**WHAT YOU WILL DO:** Wherever a line below holds the word "Year", copy that line.

───── TASK INPUT ─────

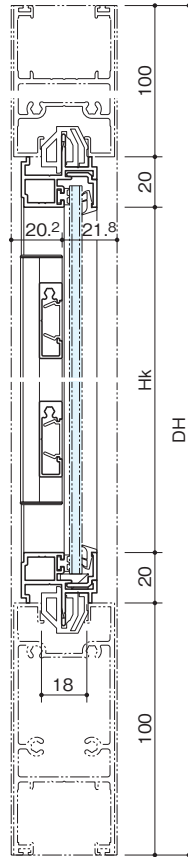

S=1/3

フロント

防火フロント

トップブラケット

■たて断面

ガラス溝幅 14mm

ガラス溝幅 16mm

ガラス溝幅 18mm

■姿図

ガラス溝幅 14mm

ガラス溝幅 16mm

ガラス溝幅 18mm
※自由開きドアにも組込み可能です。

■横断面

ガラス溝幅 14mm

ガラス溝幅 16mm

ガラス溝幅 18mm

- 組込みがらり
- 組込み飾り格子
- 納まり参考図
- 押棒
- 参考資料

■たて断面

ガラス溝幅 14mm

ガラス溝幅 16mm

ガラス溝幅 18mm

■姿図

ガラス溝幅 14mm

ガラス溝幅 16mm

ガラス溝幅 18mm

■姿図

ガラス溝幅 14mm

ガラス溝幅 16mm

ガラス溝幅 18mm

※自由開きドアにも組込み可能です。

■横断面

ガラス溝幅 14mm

─────
───── TASK INPUT ─────

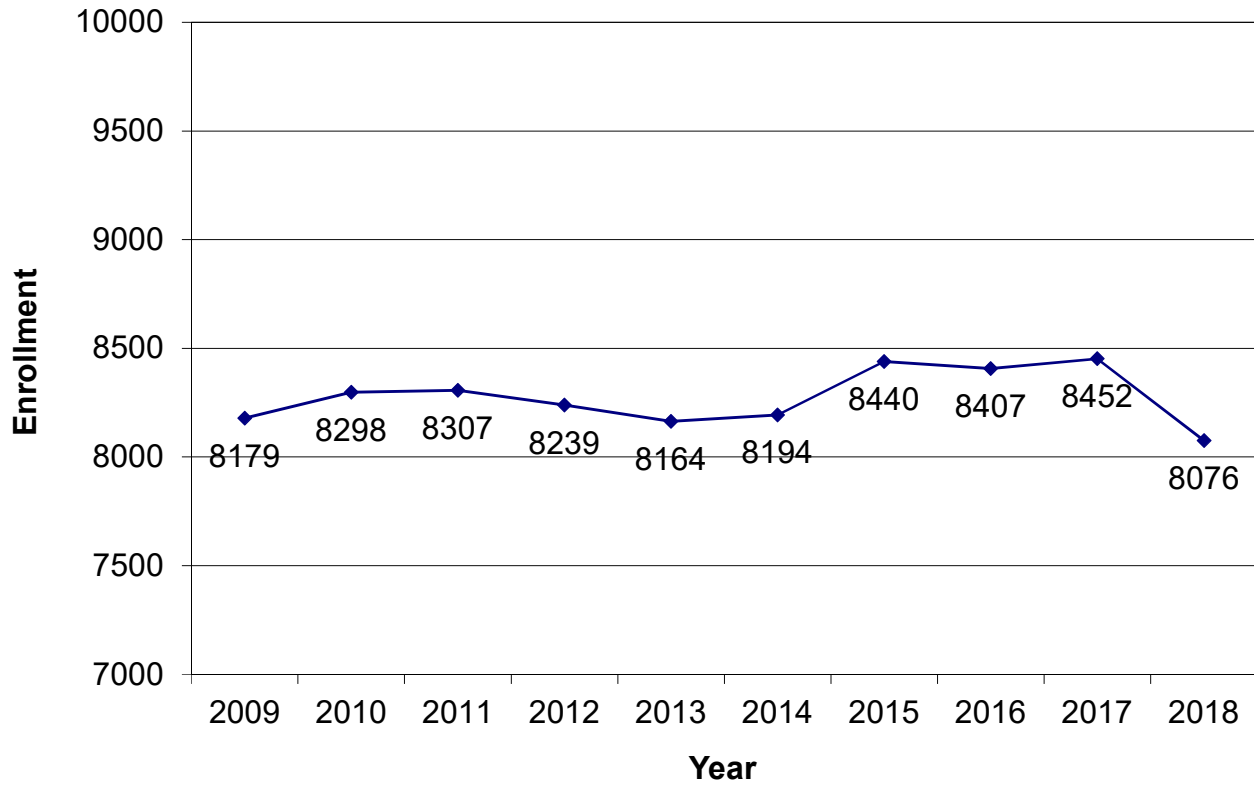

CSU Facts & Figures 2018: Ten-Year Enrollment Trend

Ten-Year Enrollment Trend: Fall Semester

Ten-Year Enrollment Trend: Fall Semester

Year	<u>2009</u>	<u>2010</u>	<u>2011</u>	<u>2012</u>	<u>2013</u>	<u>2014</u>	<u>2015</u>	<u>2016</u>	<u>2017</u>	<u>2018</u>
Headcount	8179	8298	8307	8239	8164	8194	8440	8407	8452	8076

─────

**RESULT FOR THIS TASK:**
CSU Facts & Figures 2018: Ten-Year Enrollment Trend
Ten-Year Enrollment Trend: Fall Semester
Ten-Year Enrollment Trend: Fall Semester
Year	<u>2009</u>	<u>2010</u>	<u>2011</u>	<u>2012</u>	<u>2013</u>	<u>2014</u>	<u>2015</u>	<u>2016</u>	<u>2017</u>	<u>2018</u>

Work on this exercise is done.